-- Extracted material follows --
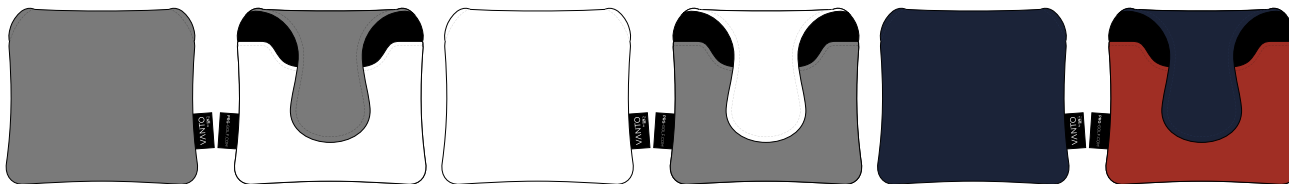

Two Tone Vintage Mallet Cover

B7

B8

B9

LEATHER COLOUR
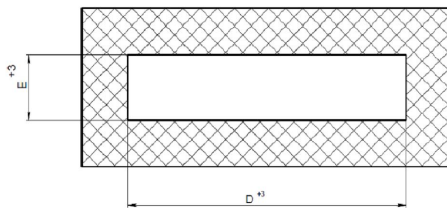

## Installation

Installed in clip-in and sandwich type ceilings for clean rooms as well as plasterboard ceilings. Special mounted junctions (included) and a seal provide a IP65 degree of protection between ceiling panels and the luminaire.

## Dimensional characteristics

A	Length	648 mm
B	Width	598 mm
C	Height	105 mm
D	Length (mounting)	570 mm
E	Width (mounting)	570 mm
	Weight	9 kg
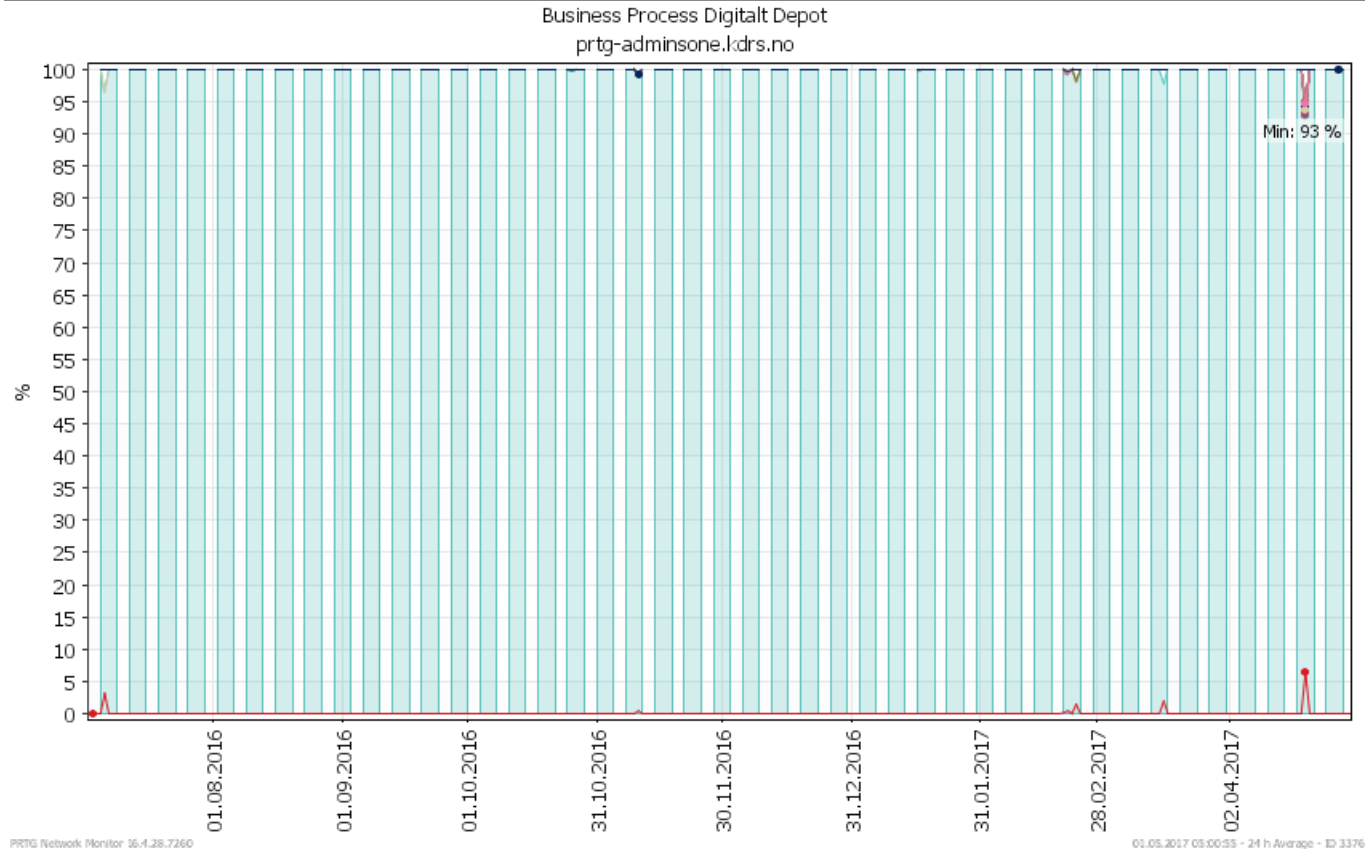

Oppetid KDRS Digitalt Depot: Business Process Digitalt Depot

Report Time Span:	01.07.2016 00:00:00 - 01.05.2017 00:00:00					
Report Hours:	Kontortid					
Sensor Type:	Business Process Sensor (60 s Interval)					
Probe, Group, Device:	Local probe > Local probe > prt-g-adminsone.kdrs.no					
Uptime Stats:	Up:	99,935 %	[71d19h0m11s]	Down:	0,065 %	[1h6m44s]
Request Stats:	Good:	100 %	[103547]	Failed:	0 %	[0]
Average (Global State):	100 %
-- Extracted material concluded --
-- Extracted material follows --
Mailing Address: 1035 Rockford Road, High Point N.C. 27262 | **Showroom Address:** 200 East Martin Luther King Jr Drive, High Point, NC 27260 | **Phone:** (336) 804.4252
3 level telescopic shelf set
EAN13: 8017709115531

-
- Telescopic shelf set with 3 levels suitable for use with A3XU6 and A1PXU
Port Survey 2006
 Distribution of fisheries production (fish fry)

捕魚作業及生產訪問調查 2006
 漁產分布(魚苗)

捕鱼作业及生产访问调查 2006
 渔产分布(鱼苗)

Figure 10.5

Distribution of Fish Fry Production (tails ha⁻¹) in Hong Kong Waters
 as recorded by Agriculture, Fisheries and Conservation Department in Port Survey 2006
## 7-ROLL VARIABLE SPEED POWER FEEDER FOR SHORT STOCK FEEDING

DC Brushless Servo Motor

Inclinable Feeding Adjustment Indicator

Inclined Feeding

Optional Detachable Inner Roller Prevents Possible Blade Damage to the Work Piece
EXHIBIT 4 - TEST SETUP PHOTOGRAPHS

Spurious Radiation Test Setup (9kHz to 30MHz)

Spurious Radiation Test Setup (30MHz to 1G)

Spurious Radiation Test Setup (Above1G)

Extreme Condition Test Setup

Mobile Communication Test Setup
-- Extracted material concluded --
- Try it
Only lines of the material that contain the word "shelf" belong in the answer; copy each one.

- Result of this task
3 level telescopic shelf set
- Telescopic shelf set with 3 levels suitable for use with A3XU6 and A1PXU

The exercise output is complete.